* [ABOUT THIS TASK]:
From the listing below, copy out every line where the word "Flange" appears.

○ ○ ○ ○ ○ ○ ○

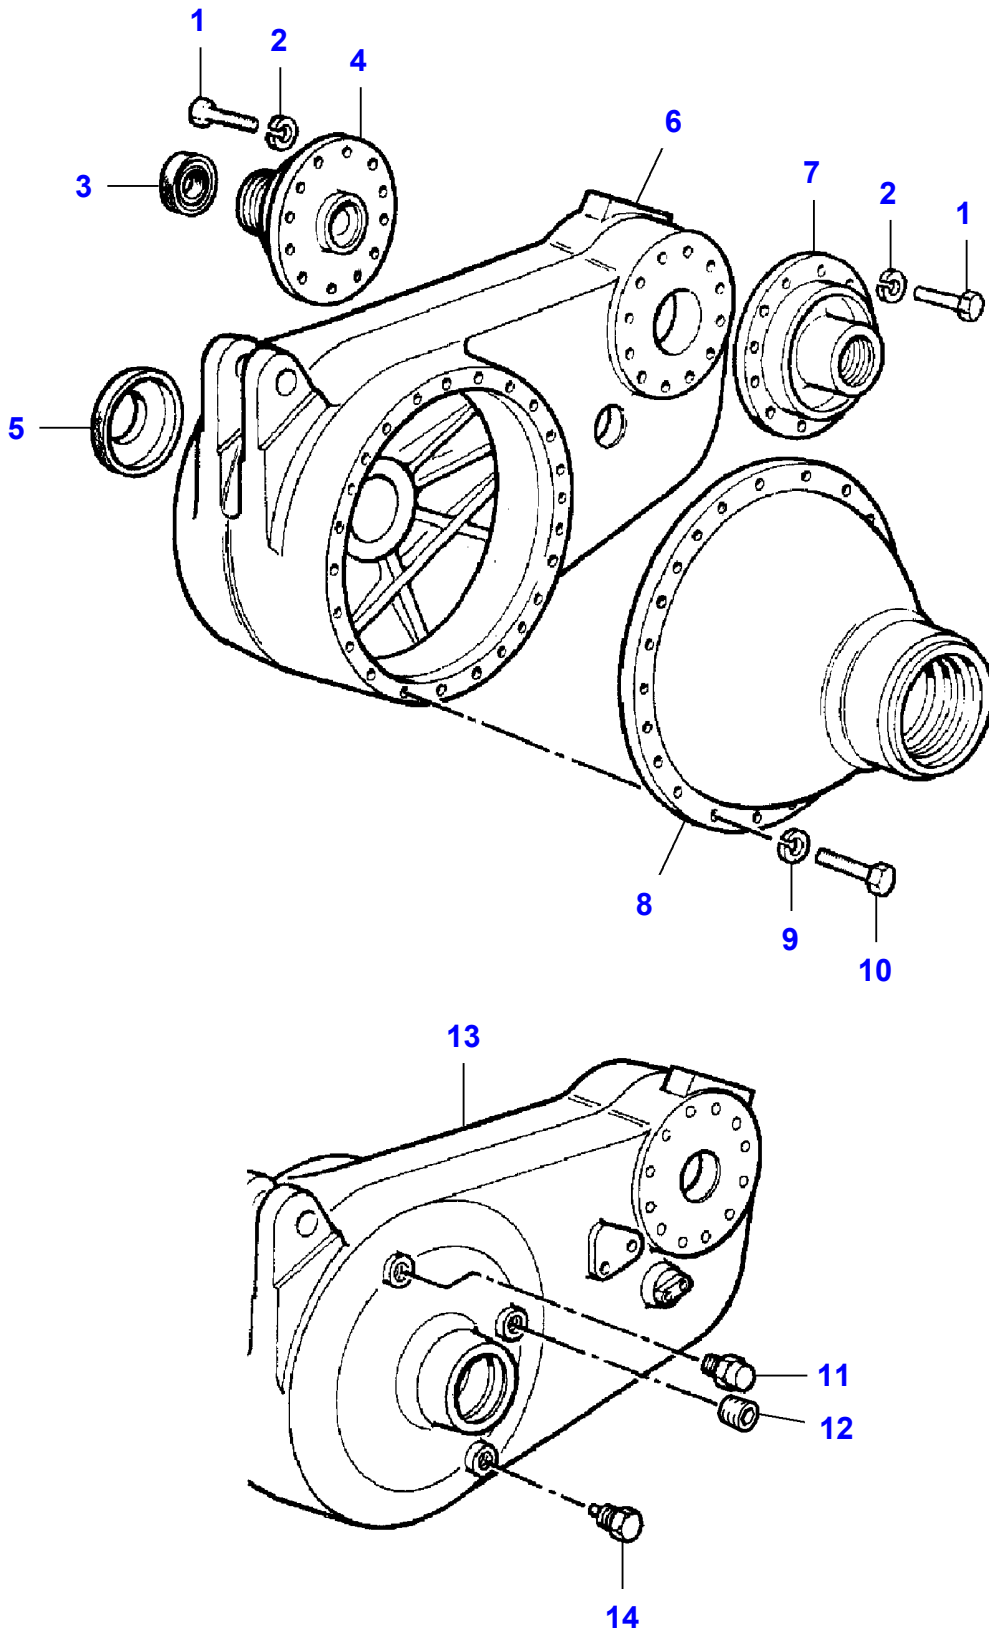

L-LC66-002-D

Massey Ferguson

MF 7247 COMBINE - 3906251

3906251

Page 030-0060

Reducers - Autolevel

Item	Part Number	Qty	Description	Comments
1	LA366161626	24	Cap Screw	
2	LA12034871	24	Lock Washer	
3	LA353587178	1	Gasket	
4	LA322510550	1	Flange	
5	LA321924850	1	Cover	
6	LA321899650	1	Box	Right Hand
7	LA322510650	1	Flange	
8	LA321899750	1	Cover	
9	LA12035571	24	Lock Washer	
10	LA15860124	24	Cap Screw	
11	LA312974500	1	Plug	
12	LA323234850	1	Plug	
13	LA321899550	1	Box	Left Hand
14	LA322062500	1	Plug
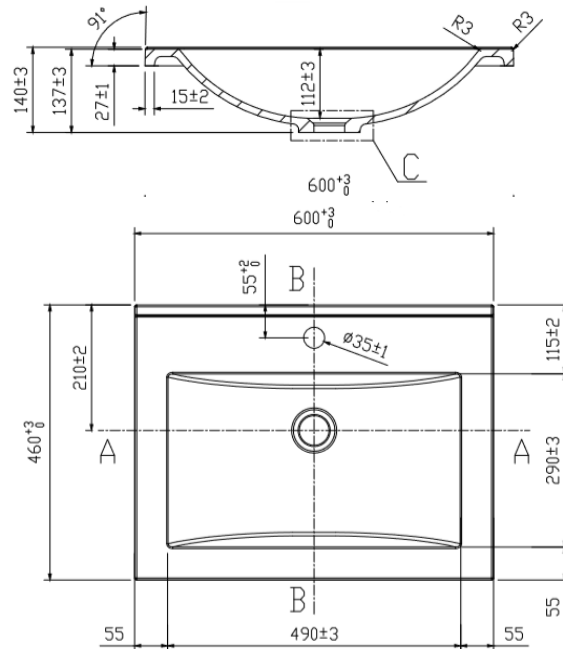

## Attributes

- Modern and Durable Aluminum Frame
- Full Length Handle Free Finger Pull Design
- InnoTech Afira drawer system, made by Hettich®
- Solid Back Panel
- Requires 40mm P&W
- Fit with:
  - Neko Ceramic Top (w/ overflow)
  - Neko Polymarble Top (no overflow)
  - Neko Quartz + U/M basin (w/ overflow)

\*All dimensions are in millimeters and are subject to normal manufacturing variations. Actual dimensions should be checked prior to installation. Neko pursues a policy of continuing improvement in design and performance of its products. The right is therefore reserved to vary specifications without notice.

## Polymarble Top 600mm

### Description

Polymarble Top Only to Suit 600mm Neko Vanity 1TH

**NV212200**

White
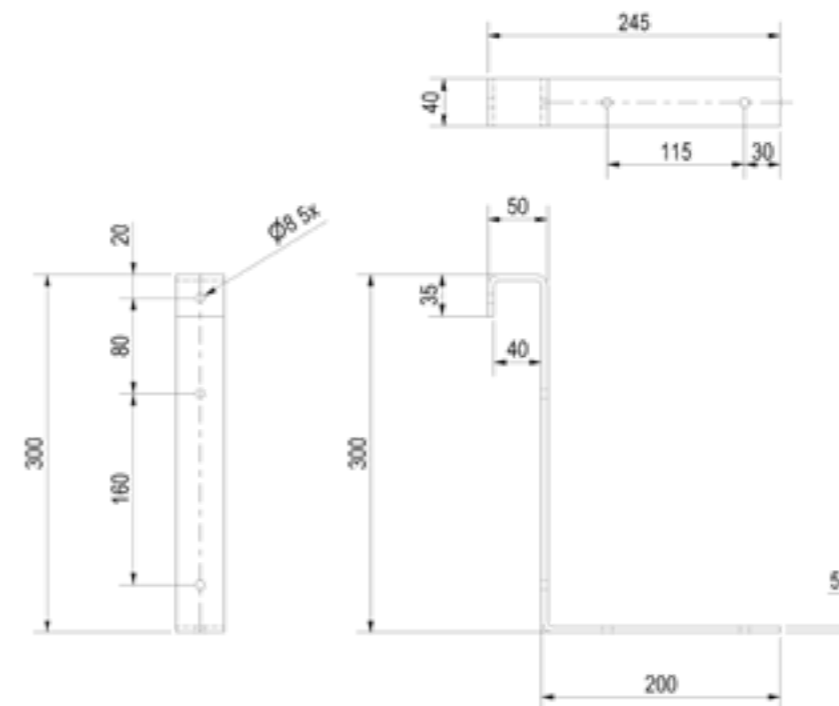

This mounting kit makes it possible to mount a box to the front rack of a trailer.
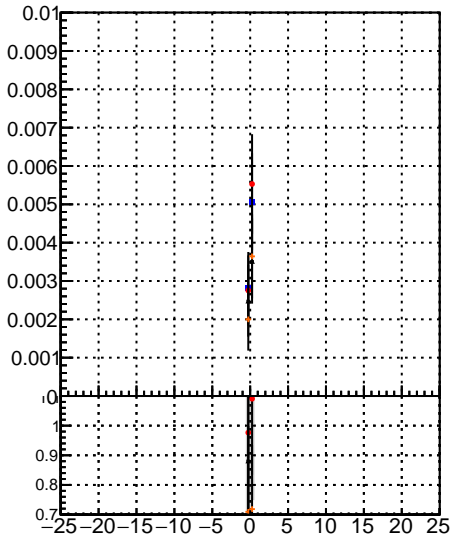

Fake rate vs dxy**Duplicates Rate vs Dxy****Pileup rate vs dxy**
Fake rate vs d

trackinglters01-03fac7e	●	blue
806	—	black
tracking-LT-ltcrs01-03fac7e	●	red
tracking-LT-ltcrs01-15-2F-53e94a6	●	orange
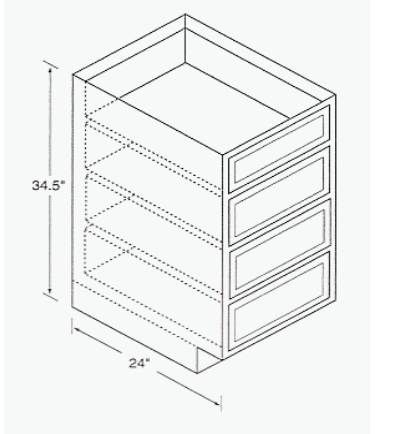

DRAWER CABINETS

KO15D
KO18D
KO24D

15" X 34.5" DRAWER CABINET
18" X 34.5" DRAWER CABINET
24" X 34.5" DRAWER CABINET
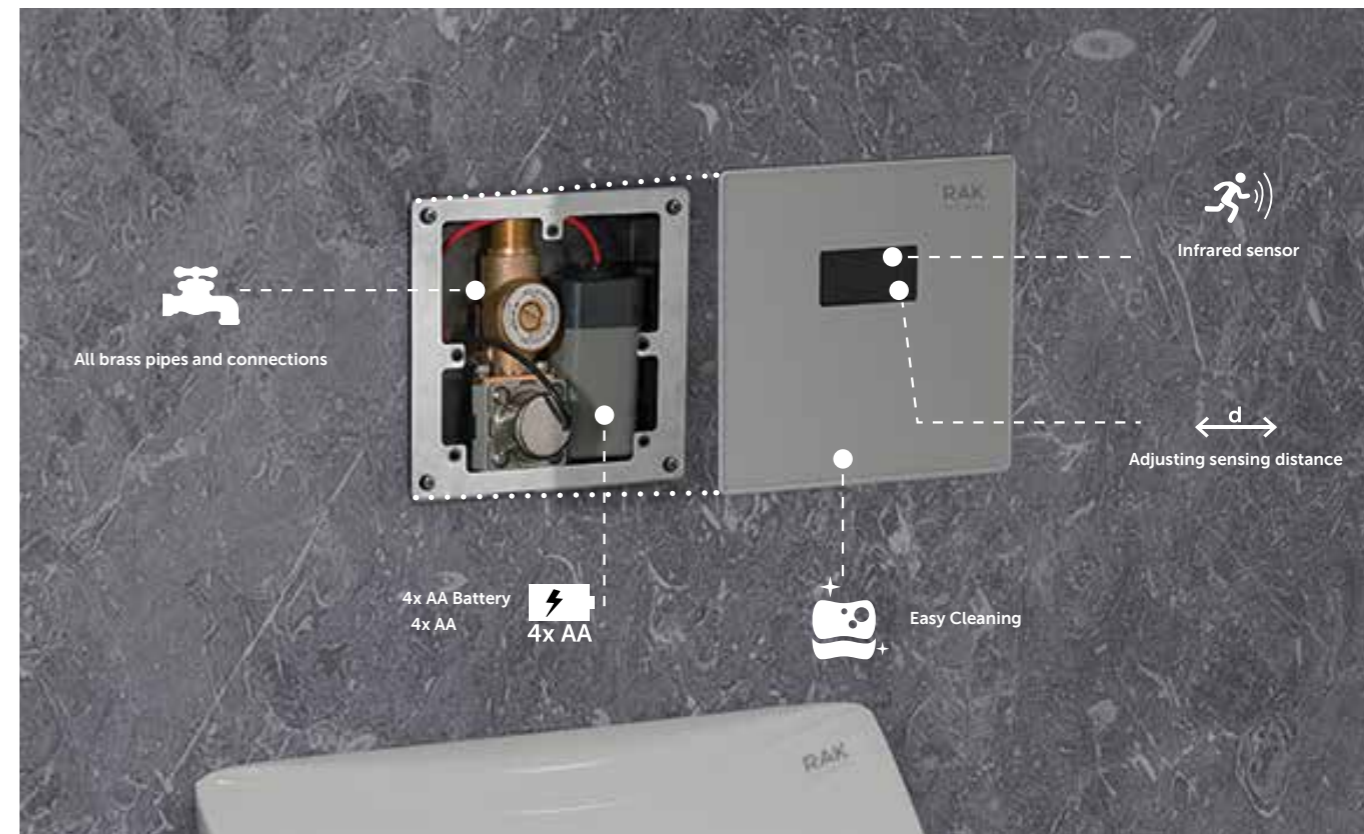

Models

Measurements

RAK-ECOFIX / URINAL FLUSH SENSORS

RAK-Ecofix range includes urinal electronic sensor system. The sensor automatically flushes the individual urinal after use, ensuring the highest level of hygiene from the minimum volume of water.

○ ○ ○ ○ ○ ○ ○

* [RESPONSE TO THE EXERCISE]:
4	LA322510550	1	Flange	
7	LA322510650	1	Flange	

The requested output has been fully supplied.